[EXERCISE INSTRUCTIONS]
Please state how many lines of the records below contain the word "Phase". Give the number and nothing else.

Dataset records:

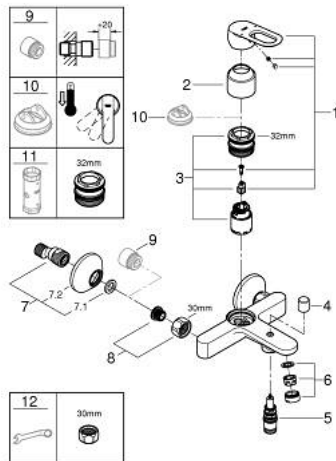

23 603 000 **BAULoop SINGLE-LEVER BATH MIXER 1/2"**

PRODUCT DESCRIPTION

- Tyc: Chrome
- wall mounted
- metal lever
- GROHE SmoothControl 35 mm ceramic cartridge
- GROHE LongLife finish
- automatic diverter: bath/shower
- mousseur
- S-unions
- metal wall escutcheon

23 603 000 BAULoop SINGLE-LEVER BATH MIXER 1/2"

SPARE PARTS

- 1: Lever (Spare part-nr. 46961000)
 - 2: Cap (Spare part-nr. 46899000)
 - 3: Cartridge (Spare part-nr. 46374000)
 - 4: Diverter knob (Spare part-nr. 64309000)
 - 5: Diverter (Spare part-nr. 65655000)
 - 6: Mousseur (Spare part-nr. 13952000)
 - 7: S-union (Spare part-nr. 12075000)
 - 7.1: Seal (Spare part-nr. 0138600M)
 - 7.2: Escutcheon (Spare part-nr. 0221000M)
 - 8: Screw connection 1/2" (Spare part-nr. 45044000)
 - 9: Extension 3/4", 20 mm (Spare part-nr. 0713000M)*
 - 10: Temperature limiter (Spare part-nr. 46375000)*
 - 11: Socket spanner (Spare part-nr. 19332000)*
 - 12: Special spanner (Spare part-nr. 19377000)*
- * Optional accessories
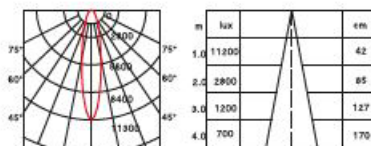

## **i** Key features

- Material: Aluminium
- Nominal lumens: 1300lm, 2000lm, 2500lm, 3000lm, 3500lm
- CCT: 2700K, 3000K, 4000K
- Beam angle: 12°, 24°, 36°, 60°
- 50,000 hours
- Warranty: 5 years
- Colour: White, Black
- Control: Phase, DALI

## Product information and code selector

Product Code	COB	Code	Nominal lumens (lm)	Code	Kelvin (K)	Code	CRI	Code	Beam angle	Code	Colour	Code	Control	Code
TF1	Citizen	CZ	1300	13	2700	27	80	80	12°	12	White Black	WH BL	Non Dim Phase DALI	ND PH DL
			2000	20					24°	24				
			2500	25					36°	36				
			3000	30					60°	60				
			3500	35										

Code builder example : **TF1 CZ 13 27 80 12 WH ND**

(TF1 = Track TF1. 13 = 1300lm. 27 = 2700K. 80 = 80 CRI. 12 = 12 deg. WH = White. ND = Non Dim.)

35W 12° 3000K CRI>90

35W 24° 3000K CRI>90

35W 36° 3000K CRI>90
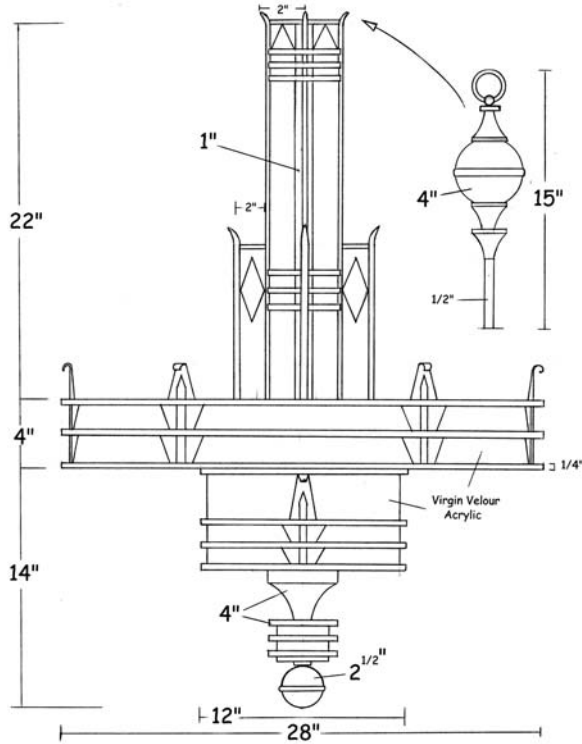

DIMENSIONS :

Catalog Number	Diameter	Height	Projection	Weight
CYL-S-28/55/28-6/INC/100-PRI	28"	55"	-	75 Lbs

LIGHT SOURCE :

Catalog Number	Type
CYL-S-28/55/28-6/INC/100-PRI	Incandescent Bulb 6 x 100W A-19 + 3 x 25W G-16½

ADDITIONALS NOTES :

Available up to 96" diameter.

Available in all finishes and material (see page F)

Dimensions, finishes and lamping as listed.

For others, fill your request list below:

Diameter	
Height	
Materials	
Finishes	
Light Source	

Fax or email to factory for quotation

Le Lampiste 4791 Chemin de la Savane, St-Hubert, Québec, Canada, J3Y 9G1
Tel : 1-450-462-1137 / 1-800-919-1136 Fax : 1-450-462-1150 @mail : lampiste@qc.aira.com

©2001 Le Lampiste de Beloeil Inc.
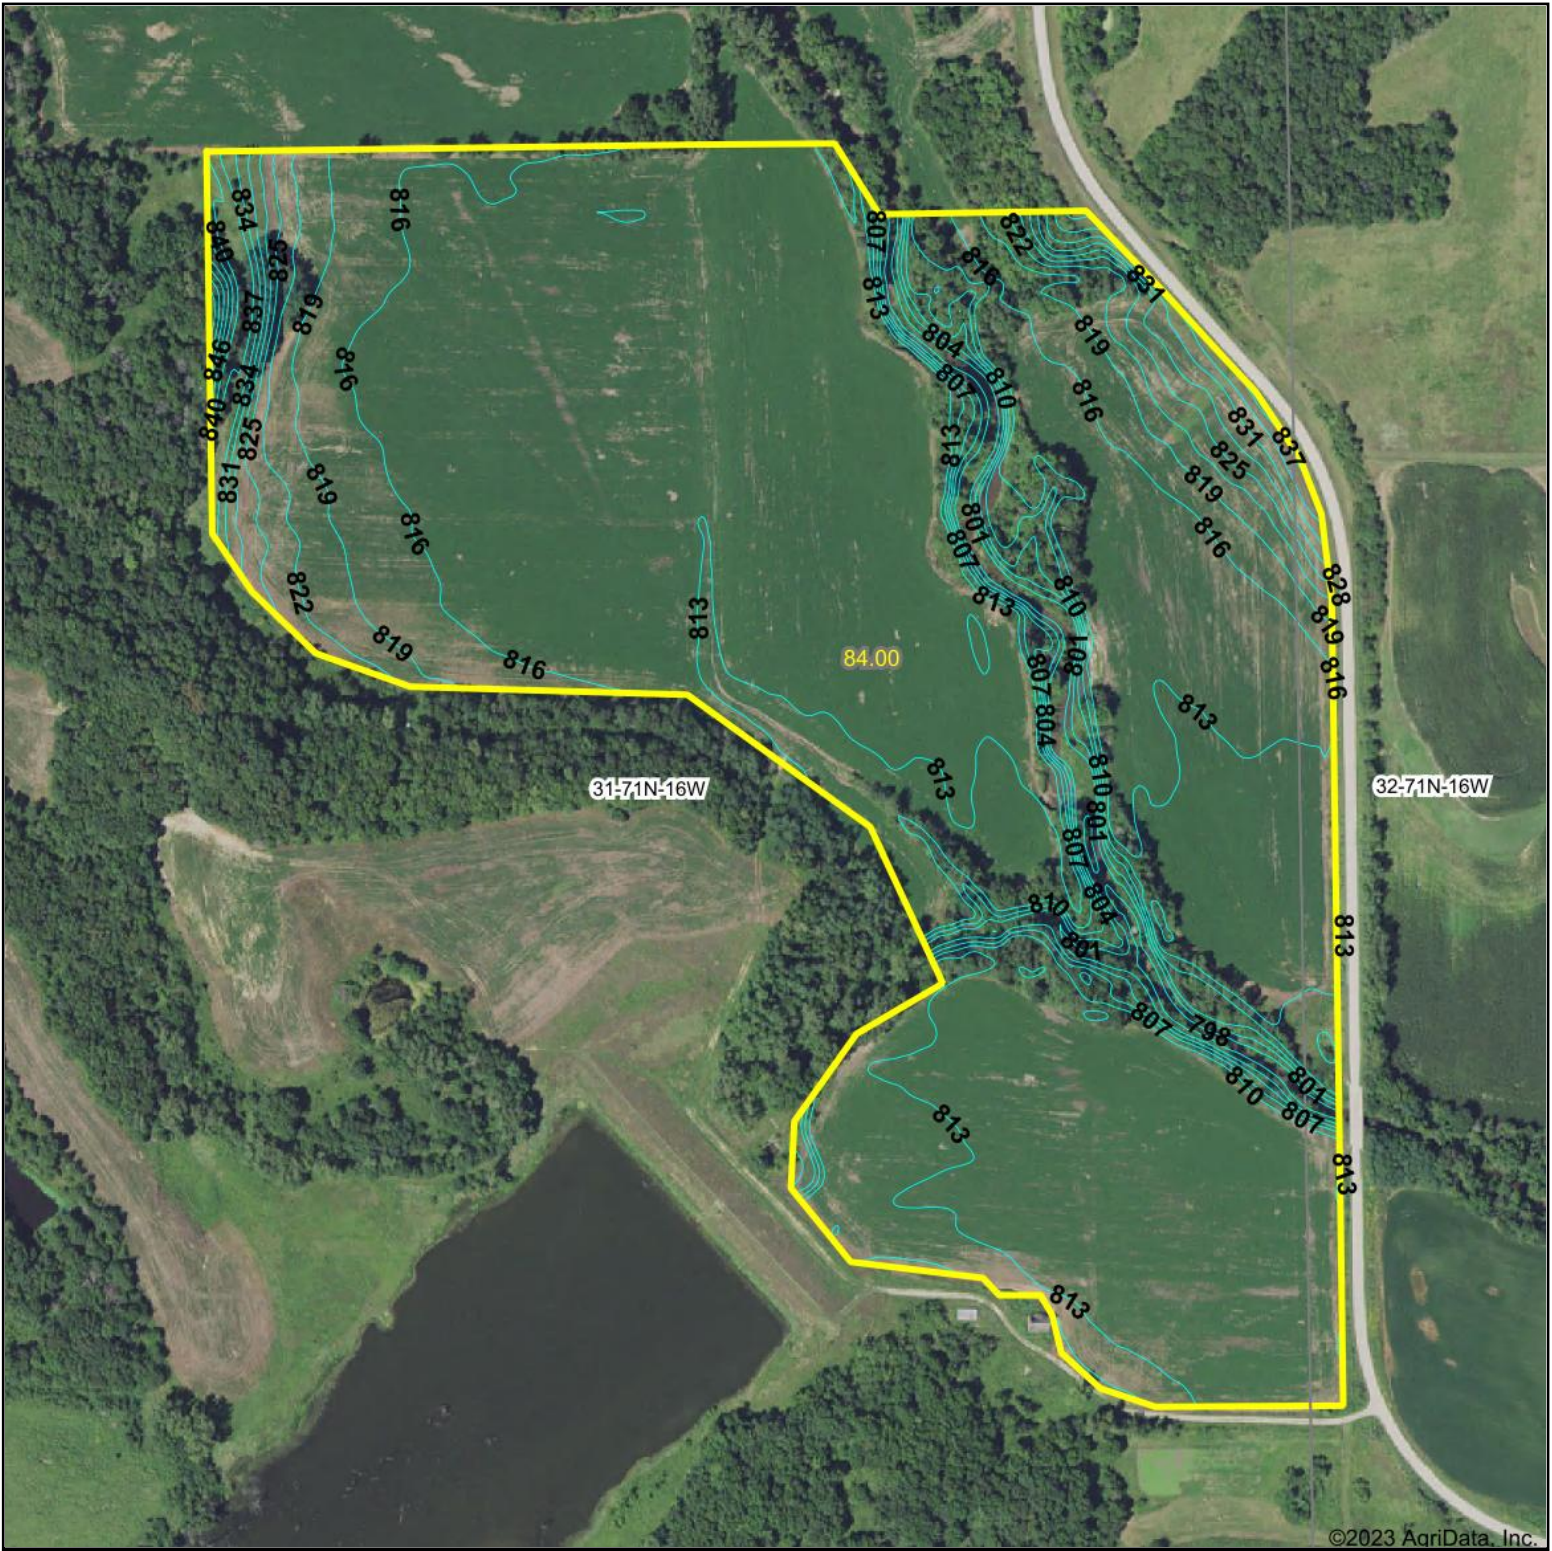

Topography Contours

Hawkeye Farm Mgmt & Real Estate

United Country Real Estate
22 N Main, Alta IA Phone: 641-932-7796
Email: hawkeye@uciowa.com
Or the web: www.uciowa.com
www.iowawhitetailfarms.com

Maps Provided By:

surety
CUSTOMIZED ONLINE MAPPING

© AgriData, Inc. 2021 www.AgriDataInc.com

Source: USGS 3 meter dem

Interval(ft): 3.0

Min: 796.5

Max: 855.4

Range: 58.9

Average: 814.5

Standard Deviation: 5.87 ft

0ft 455ft 909ft

1/27/2023

31-71N-16W
Monroe County
Iowa

Map Center: 40° 54' 24.65, -92° 44' 22.09
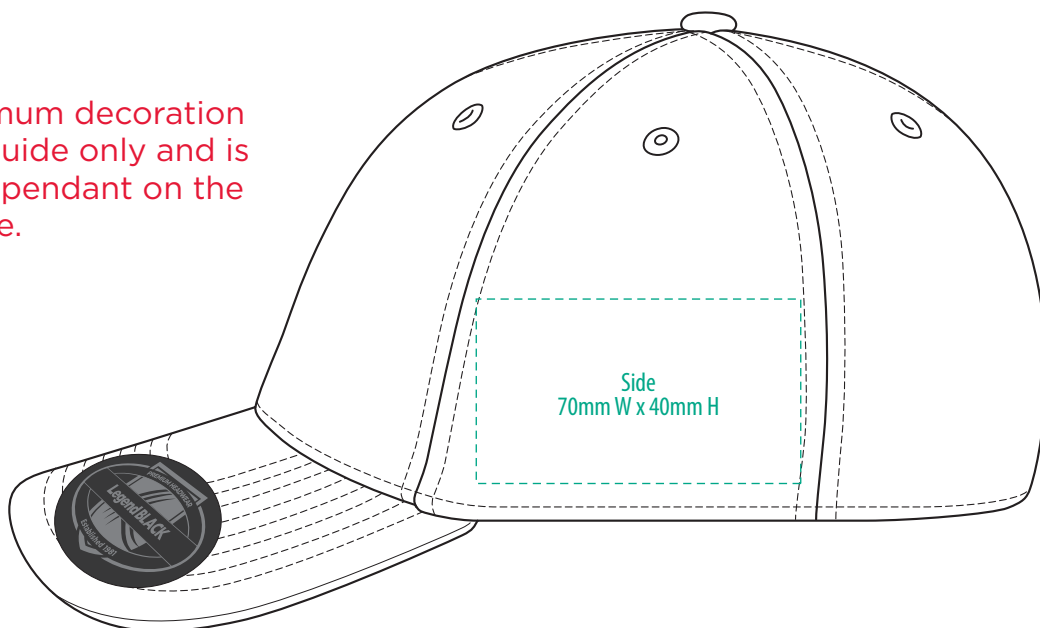

7012

COLOURWAYS

COLOUR

NOTE:

The maximum decoration area is a guide only and is greatly dependant on the logo shape.

EMBROIDERY

NOTE:

The maximum decoration area is a guide only and is greatly dependant on the logo shape.

7012

NOTE:

The maximum decoration area is a guide only and is greatly dependant on the logo shape.

SUPASUB / SUPAETCH / SUPAFLEX
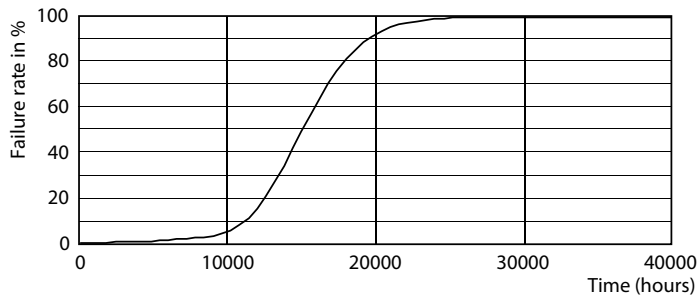

LEDspot ESS 10W E27 R80 840 12D ND RCA

General Uniform Lighting

EXPOSURE TIME = 10 MIN. 100% RELATIVE HUMIDITY

1.0 m

LEDspot ESS 10W E27 R80 840 12D ND RCA

Essential LED

Срок службы

LEDspot ESS 4W E14 R50 827 12D ND RCA

[EXPECTED ANSWER]
2